Dava, taraflar arasındaki eser sözleşmesine istinaden düzenlenen kur farkı bedeli faturasına dayalı alacağın tahsili için yürütülen ilamsız icra takibine vaki davalının itirazının iptali istemine ilişkindir. Dava, 1 yıllık hak düşürücü süre içerisinde açılmıştır.

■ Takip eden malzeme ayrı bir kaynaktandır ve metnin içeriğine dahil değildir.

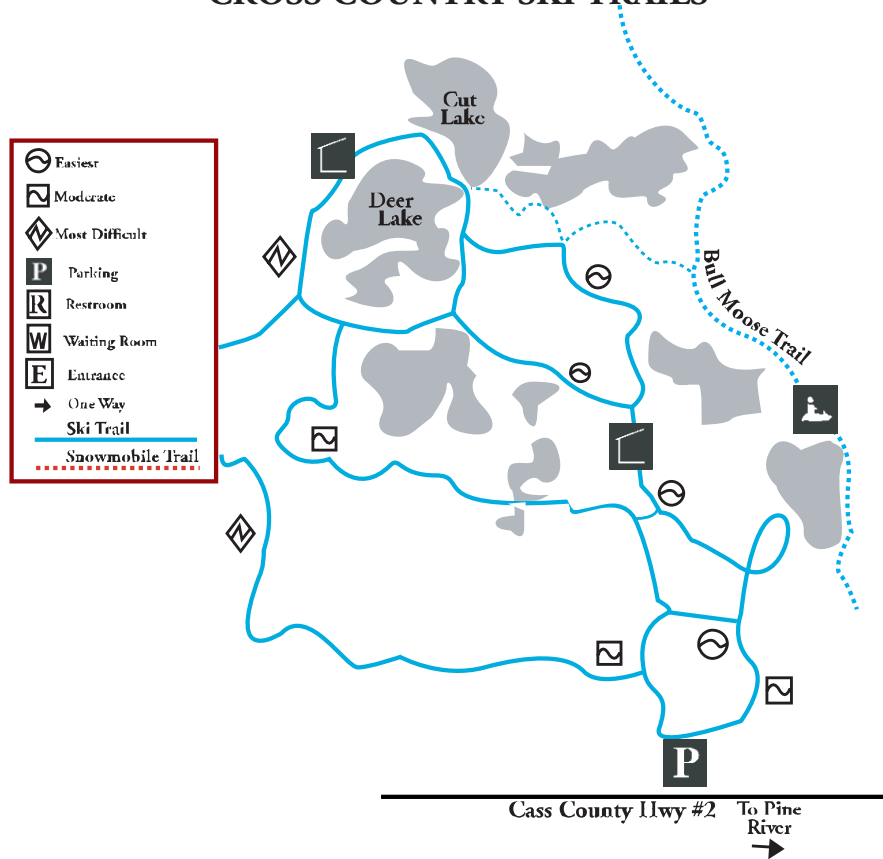

## *Cut Lake* CROSS COUNTRY SKI TRAILS

### Cut Lake Cross Country Ski Trails

From the Welcome Center, travel north on Hwy 371 north to Pine River.

Take a left on County Road 2. Travel 10 1/2 miles west on Cty Rd 2.

Trails will be on the north side of the road. Parking and sign will be right there. 10.5 miles.

Tüm dosya kapsamı birlikte değerlendirildiğinde, mahkemenin istinaf incelemesine konu kararında, dosyadaki mevcut delillere göre yaptığı değerlendirmeye, takdire, ortaya koyduğu gerekçeye ve ayrıca arabuluculuk son tutanağının dosyaya sunulması için yerel mahkemece kanun gereği davacı tarafa süre verilmemiş olmasına, davacı vekilinin istinafa cevap dilekçesi ekinde bu tutanağı dosyaya sunmuş olması itibariyle dava şartı noksanlığının giderilmiş bulunmasına, cevap dilekçesi sunmayan davalı tarafın verilen kesin süre içerisinde ticari defterlerini dosyaya ibraz etmemesine ve bilirkişi raporuna itirazda bulunmamış olmasına, HMK’nın 357. maddesine göre re’sen göz önüne alınacak hususlar dışında ilk derece mahkemesinde ileri sürülmeyen iddia ve delillerin istinaf aşamasında ileri sürülmesinin de mümkün bulunmamasına göre, mahkemenin vardığı sonuçta istinaf sebepleri yönünden usul ve yasaya aykırı bir yön bulunmadığı, istinaf nedenlerinin yerinde olmadığı HMK 355. maddesi kapsamında yapılan istinaf incelemesi sonucu anlaşılmakla, davalı vekilinin istinaf başvurusunun esastan reddine karar vermek gerekmiştir.
SONUÇ
Davalı vekilinin istinaf başvurusunun HMK 353/1-b/1 maddesi gereğince ESASTAN REDDİNE, alınması gerekli 480,71 TL istinaf karar harcından, peşin alınan 121,00 TL harcın mahsubuyla bakiye 359,71 TL harcın davalıdan tahsili ile hazineye gelir kaydına, harç tahsil işlemlerinin ilk derece mahkemesi tarafından yerine getirilmesine, dosya üzerinde yapılan inceleme neticesinde 31/03/2022 tarihinde HMK’nun 362. maddesi uyarınca kesin olarak oybirliği ile karar verildi.
….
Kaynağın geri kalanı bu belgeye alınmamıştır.